И Долли не ошиблась. Страшный суд мирской жестоко отомстил Наталье Николаевне за ее совершенную красоту и при жизни и после смерти ее, не пощадив ни Пушкина, ни его детей.

А когда она улыбнулась Долли грустной, легкой улыбкой, блеснув перламутром точеных зубов, и изящным в своей простоте движением положила согнутую руку на плечо императора, а тот коснулся рукой в белой перчатке ее сказочно женственной талии, Долли в упоении продолжала смотреть на удаляющуюся в танце высокую фигуру Натальи Николаевны, ее чуть откинутую назад головку с приподнятой прической, перевитой жемчугом, черную-чер- ную, отливающую таким же золотом, как и глаза.

Она танцевала с отличительной от других великосветских дам простотой и достоинством, как бы не придавая значения тому, что партнер-то ее — император, первый человек Русского государства.

Долли на своем веку перевидела немало светских красавиц — ив Петербурге и в других странах: кокетливых, заносчивых, самовлюбленных, поведением своим и каждым движением подчеркивающих свою красоту. Но скромность и молчаливая простота Натальи Николаевны поразили ее. Она как бы терпеливо несла нелегкий крест своей красоты, терновый венец своей прелести.

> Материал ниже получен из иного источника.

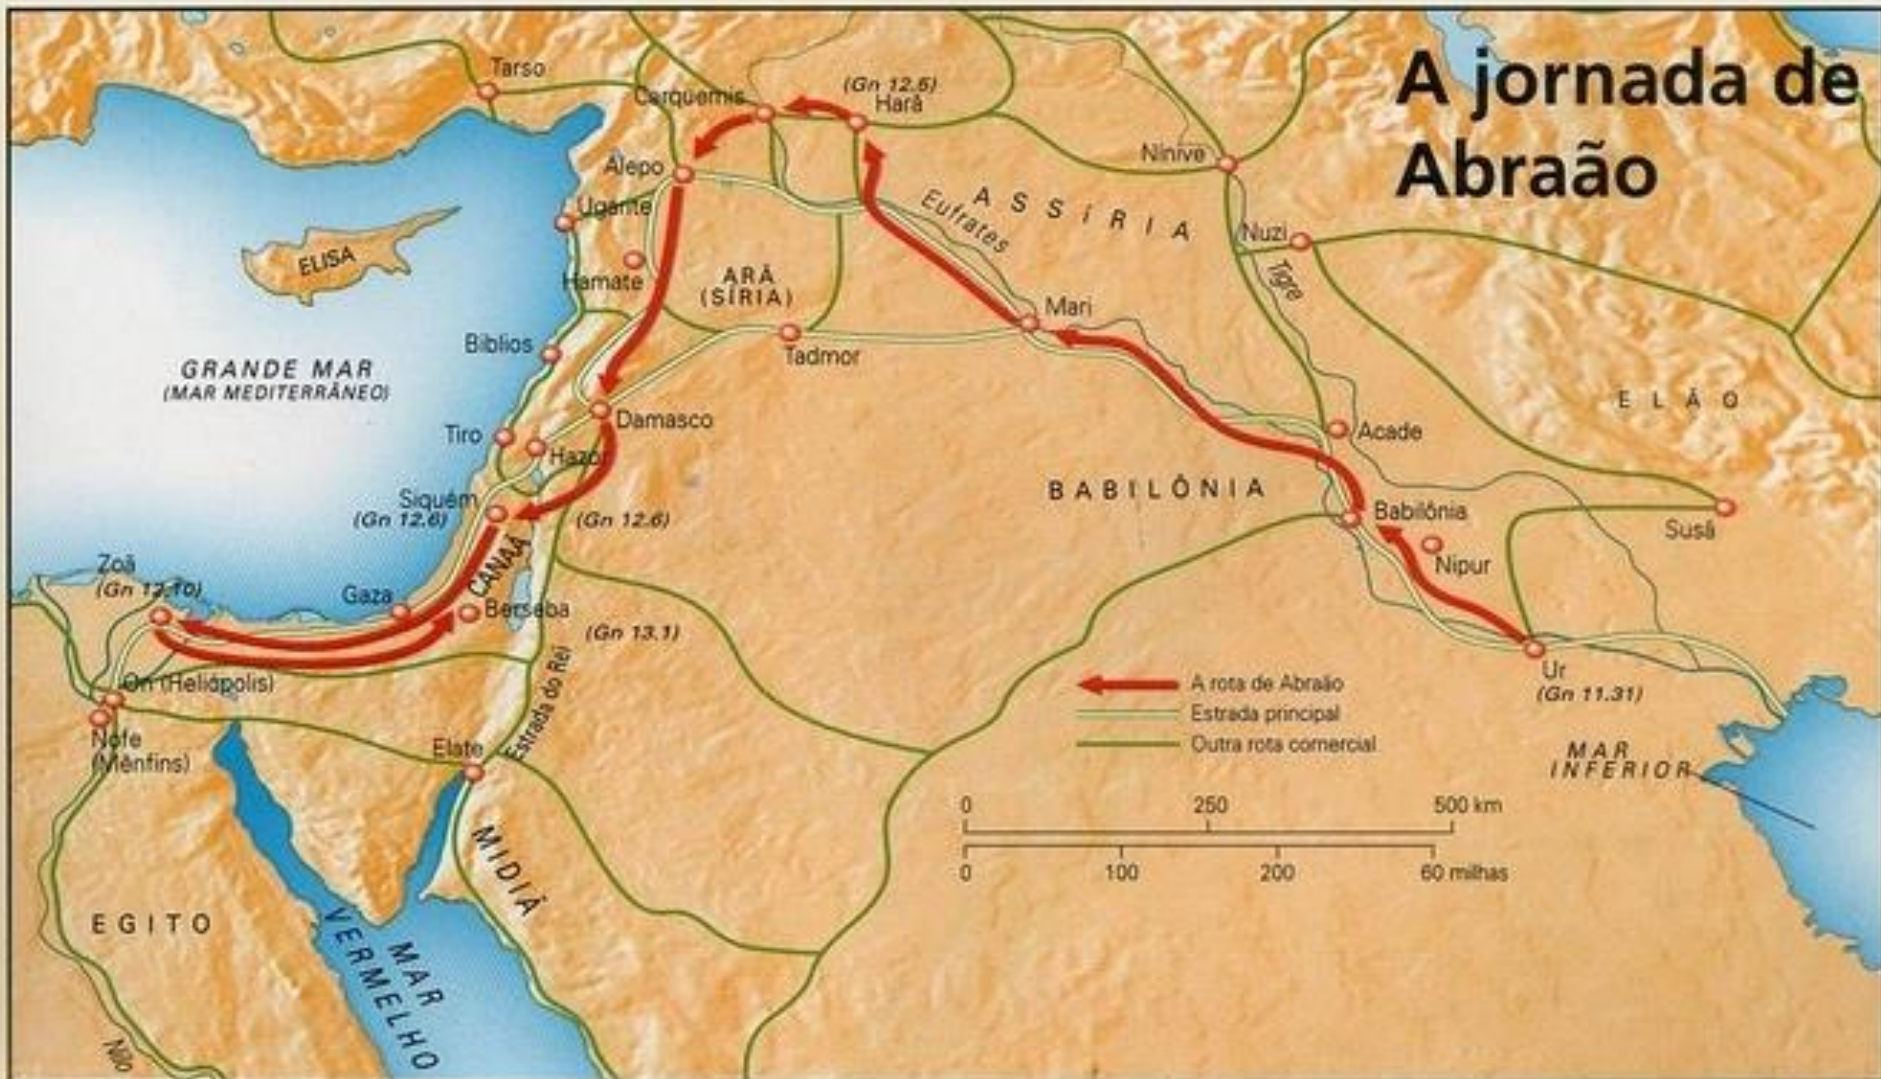

# **Escola da Fé**

**21 dezembro 2018**

**ENCONTRO 3**

**OS PATRIARCAS**  
**(Génesis 12-50)**

**ABRAÃO,  
nosso PAI  
na FÉ**

# CÂNTICO

Jesus Cristo ó Porta do Reino  
És o Cordeiro da Nova Aliança  
Bendito sejas Jesus Cristo  
Jesus Cristo Ó Porta do Reino  
És o Cordeiro da nova Páscoa

Tu és descendente d' Abraão  
O Servo de Deus anunciado o  
fruto perfeito da Vida do Pai  
És o Cordeiro da nova Páscoa

# Entre 1800 e 1500 AC, grandes movimentações de nômadas

**Abrão tinha 75 anos  
quando Deus o chamou a partir,  
prometendo-lhe grande descendência**

**Idoso, como a esposa, Sara, aliás estéril,  
Abrão partiu, confiando em Deus**

# Jacob

arrebata ao irmão  
o direito de primogénito

Enigmático episódio  
da luta com o Anjo (com Deus)  
Passa a ser chamado Israel

José vendido pelos irmãos  
é levado para o Egito.

Percurso doloroso, mas providencial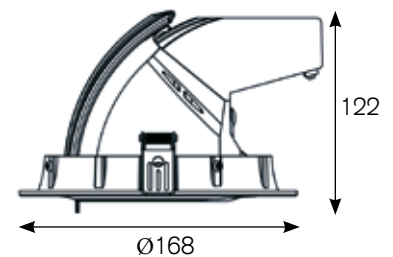

INFORMATION

KELVIN	2700, 3000, 3100, 3500, 4000, 5000	Optional: FOOD, MEAT, FASHION		
LUMEN	max. 4500Lm			
CRI	>80, >90			
WATT	max. 35W			
TREIBER DRIVERS	nicht dimmbar non dimmable	Optional: DALI		
FARBEN COLOURS	schwarz, weiss, grau black, white, grey			
REFLEKTOR REFLECTOR	15°	24°	36°	60°
ARTIKEL NUMMER ARTICLE NUMBER	6825-...-...-... Details finden Sie auf Seite: 77 | See page for more details: 77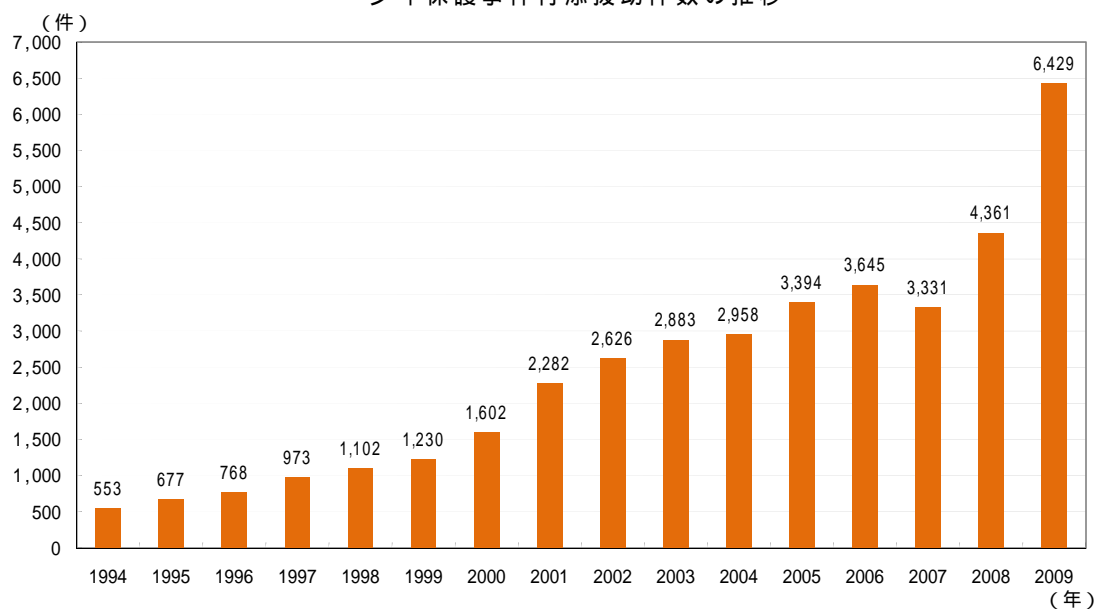

少年保護事件付添援助件数の推移

- 【注】
1. 1994年～2006年の数値は、財団法人法律扶助協会の実績件数による。
 2. 2007年の数値は、2007年4月～9月の日弁連における援助実績件数（2008年3月末日時点調べ）と同年10月～翌年3月の日本司法支援センターにおける開始決定件数の合計数。2008年以降は、当該年4月～翌年3月の日本司法支援センターにおける終結件数の合計数。2006年以前は、財団法人法律扶助協会の実績件数である。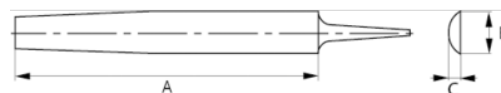

534371-534381

Lime mi-ronde taille croisée mi-douce

DÉTAILS SUR LE PRODUIT

- Pour limer des surfaces planes et concaves, ainsi que de grands trous
- Manche confort bi-matière offrant une excellente prise en main
- Chants et faces coniques
- Taille croisée mi-douce sur les faces et simple sur les chants
- Type de coupe : 1 = bâtarde, 2 = mi-douce

ATTRIBUTS DU PRODUIT

Produit	A	B	C				
534371	150 mm	16 mm	4.5 mm	2	17	43	100 g
534381	200 mm	20.5 mm	6 mm	2	15	38	170 g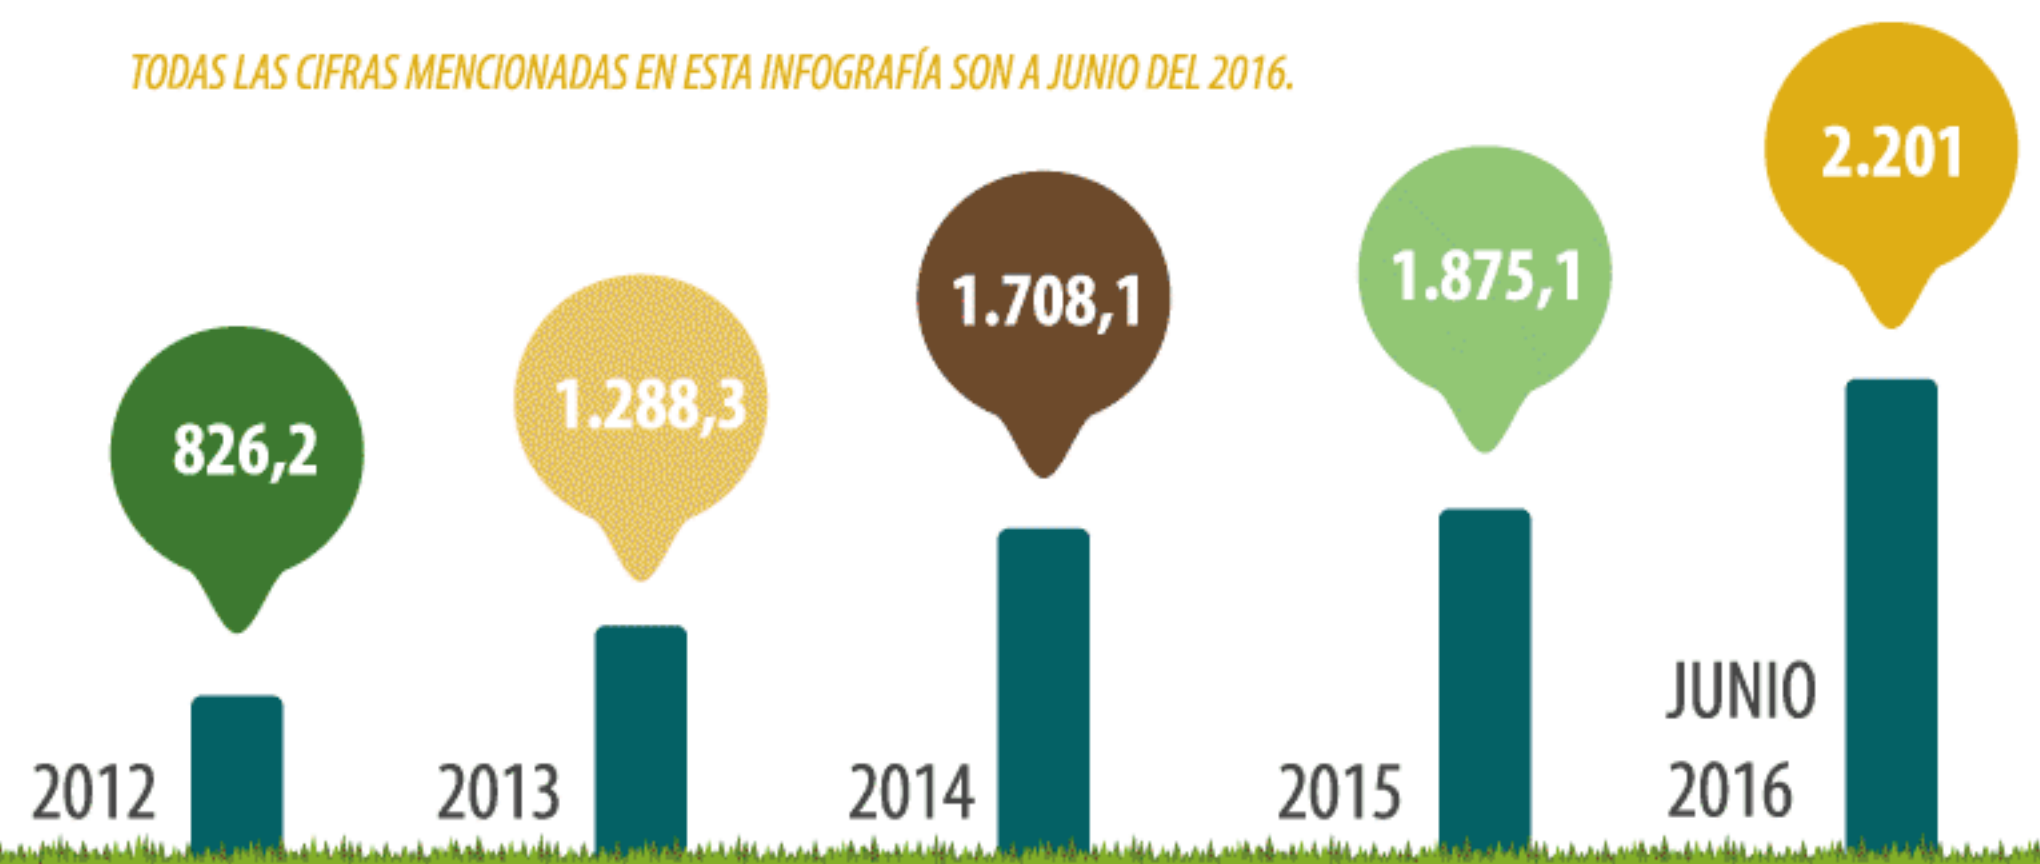

SUPERFICIE CERTIFICADA 2012- JUNIO DEL 2016 (MILES DE HECTÁREAS).

EN 2012 SE CONTABA CON ALREDEDOR DE **800 MIL** HECTÁREAS CERTIFICADAS, EN JUNIO DEL 2016 SE TIENEN MÁS DE **2.2 MILLONES** DE HECTÁREAS.

TODAS LAS CIFRAS MENCIONADAS EN ESTA INFOGRAFÍA SON A JUNIO DEL 2016.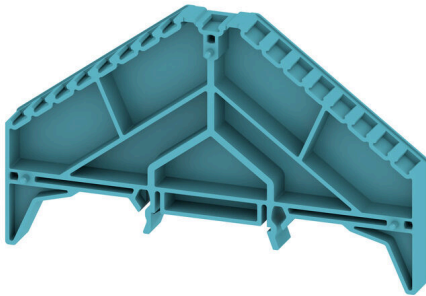

BZT PRV8 BL 35X15

Weidmüller Interface GmbH & Co. KG
Klingenbergstraße 26
D-32758 Detmold
Germany

www.weidmueller.com

Imagen de producto

Los numerosos accesorios de la gama Klippon® Connect están perfectamente adaptados entre sí hasta el más mínimo detalle. Esto facilita el montaje al tiempo que se cumplen las normas exigidas

Datos generales para pedido

Versión	Serie P, Soporte de señalización, azul, Número de pisos: 8, TS 35 x 15
Código	1267950000
Tipo	BZT PRV8 BL 35X15
GTIN (EAN)	4032248113200
Cantidad	20 Pieza

BZT PRV8 BL 35X15

Weidmüller Interface GmbH & Co. KG
 Klingenbergstraße 26
 D-32758 Detmold
 Germany

www.weidmueller.com

Datos técnicos

Homologaciones

ROHS	Conformidad
------	-------------

Dimensiones y pesos

Profundidad	73.1 mm	Profundidad (pulgadas)	2.8779 inch
Altura	120 mm	Altura (pulgadas)	4.7244 inch
Anchura	10.2 mm	Anchura (pulgadas)	0.4016 inch
Peso neto	22.43 g		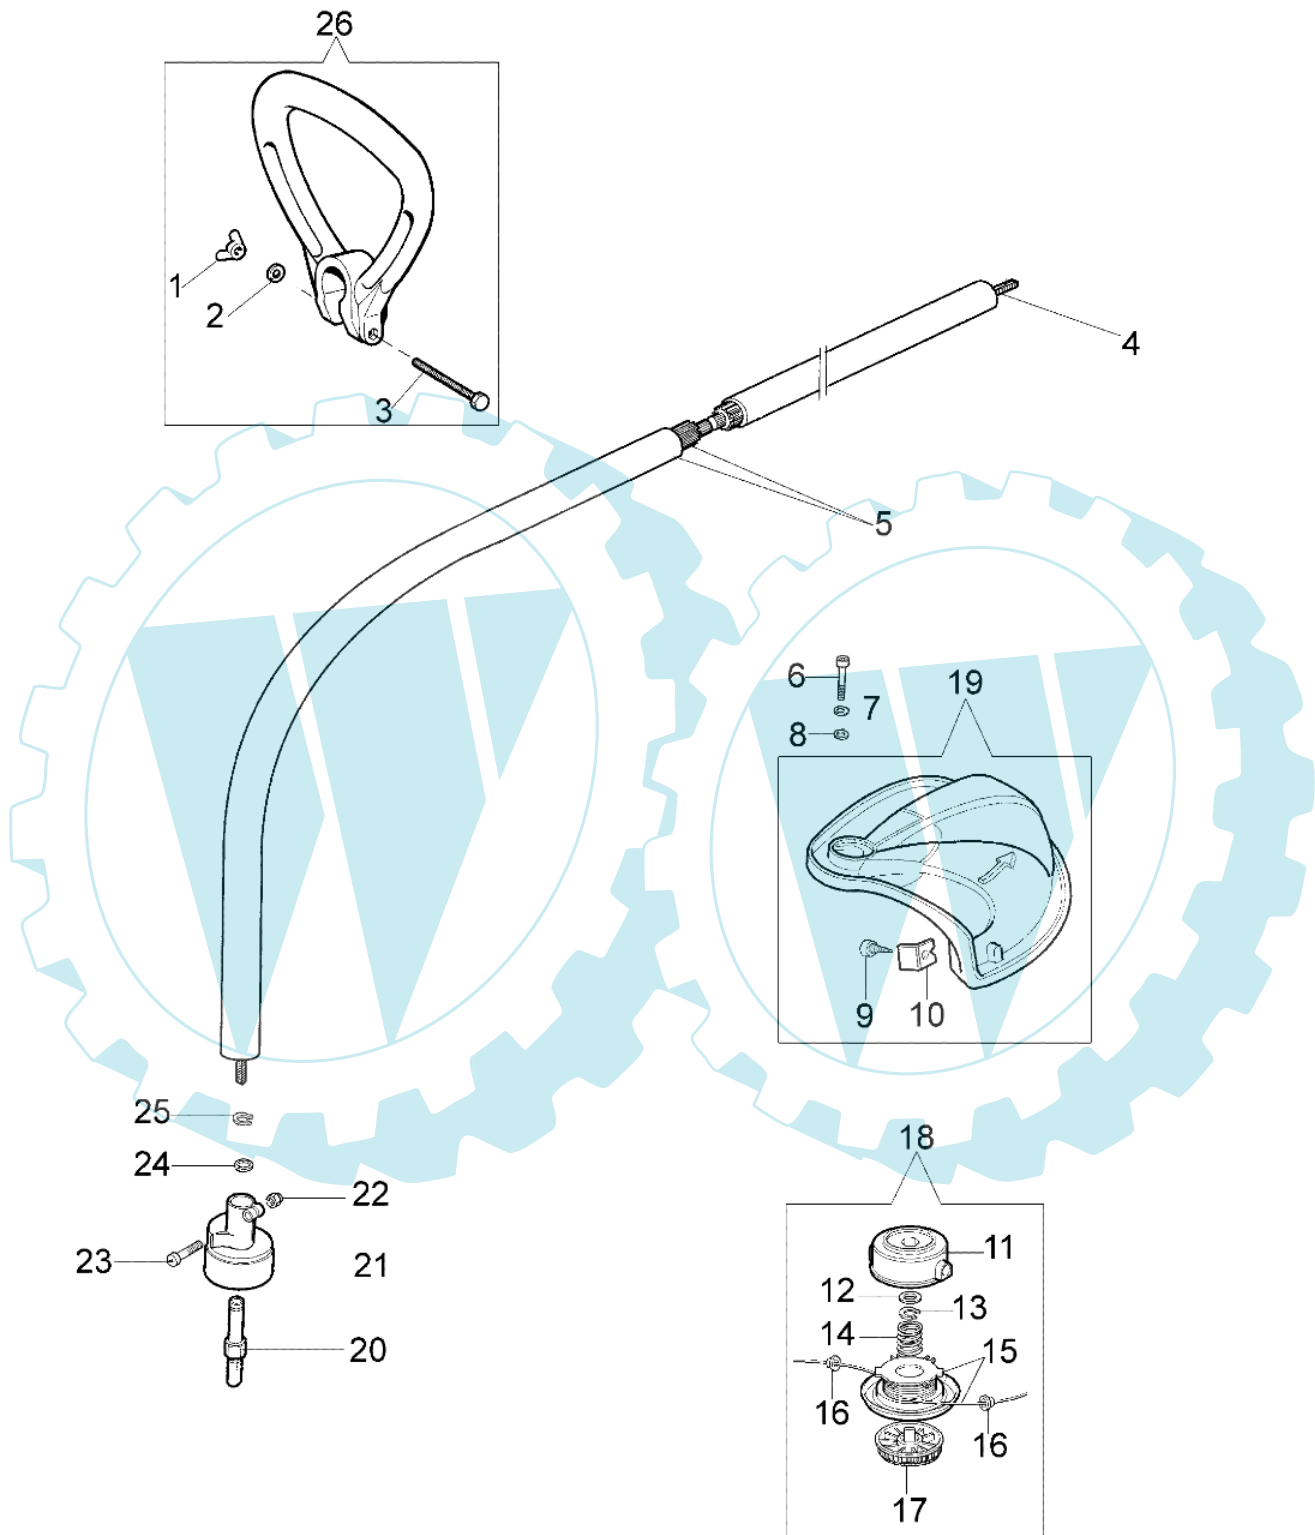

TR 61 E - Motor

Bild Nr.	Anz.	Teilenummer	Beschreibung	Technische Nachricht
1	1	071000009R	Dichtung	
2	2	60020016	Burste	
3	1	60020008	Lufterrad	
4	1	60020007R	Motor	
5	1	2317025	Schalter	
6	1	60022032	Kabel kit	
7	1	60022012	Motorgehäuse	
8	1	60020014	Gashebel	

TR 61 E - Antrieb

Bild Nr.	Anz.	Teilenummer	Beschreibung	Technische Nachricht
1	1	3915006	Mutter	
2	1	3916006	Scheibe	
3	1	3906053	Schraube	
4	1	61150020R	Flexibel welle	
5	1	60012079A	Rohr Ø22	
6	3	3801010R	Schraube	
7	3	3819006	Scheibe	
8	3	3918010	Kugelscheibe	
9	1	3960014	Schraube	
10	1	4174275R	Klinge	
11	1	070000192A	Deckel	EI-07/06
12	1	3064004A	Scheibe	
13	1	3024012	Ring	
14	1	071000010A	Feder	
15	1	60012019AR	Deckel	
16	2	070000193	Buchse	
17	1	071000006BR	Knopf	
18	1	60012020A	Nylonkopf Ø1,65	EI-07/06
19	1	60022007	Schultz	
20	1	071000005	Stift	
21	1	60012002R	Deckel	
22	1	3914003	Mutter	
23	1	3901016	Schraube	
24	1	004400285	Scheibe	
25	1	3024010R	Ring	
26	1	4162042A	Handgriff

Дома после бала Наталья Николаевна спросила мужа:

— Тот, с кем ты разговаривал на лестнице, был один из убийц Павла Первого?

— Да, это Скарятин Яков Федорович. Его шарфом удушили императора.

— И великосветское общество принимает его? А император терпит его присутствие?

Пушкин обнял жену, ласково привлек ее к себе и, заглядывая в глаза, сказал:

— До чего же ты не светская дама, Наташа. Ну да со временем ты усвоишь нравы высшего света. Здесь терпят все, кроме правды. Здесь все на все закрыли глаза. Лица прикрыты масками. Здесь маскарад.

6

Долли! Моя любимая! Моя единственная, поверь, еще никогда ни одна девчонка не будоражила мое сердце. Я говорю тебе все это первый раз в жизни, потому что тысячи километров разделяют теперь нас и ты не видишь моего лица, моих глаз...

Еще тогда, когда мы были мало знакомы, мне хотелось спросить тебя: «А ты станешь ждать меня, если я буду учиться в другом городе?» Но конечно, тогда я не посмел. А теперь вот решился.

И как же все нелепо получилось! У тебя командировка, а я срочно уезжаю, потому что тяжело заболела мама. Мы с тобой даже не попрощались. Я был в отчаянии.

Но спросить хочу, должен спросить: будешь ли ты ждать меня? Ведь я люблю тебя, Долли, ты — особенная. Твое внимание ко мне, твоя дружба со мной мне показались не случайными. Мне показалось (прости, если ошибся), что я тебе не безразличен...

Как я живу? Скучаю по тебе. Мама, к счастью, поправилась. Экзамены выдержал. В военное училище поступил. Живу в общежитии. Выходные дни провожу дома. Друзья разъехались кто куда. Мне очень одиноко. С людьми я схожусь не просто. Окружают меня разные люди. И хорошие, и плохие. С одними хочется подружиться. Другим дать в морду. Пока не делаю ни того, ни другого. Присматриваюсь. Я напишу тебе подробнее, когда получу ответ на это письмо. Сгораю от желания узнать, принята ли ты. Ведь все как будто шло нормально.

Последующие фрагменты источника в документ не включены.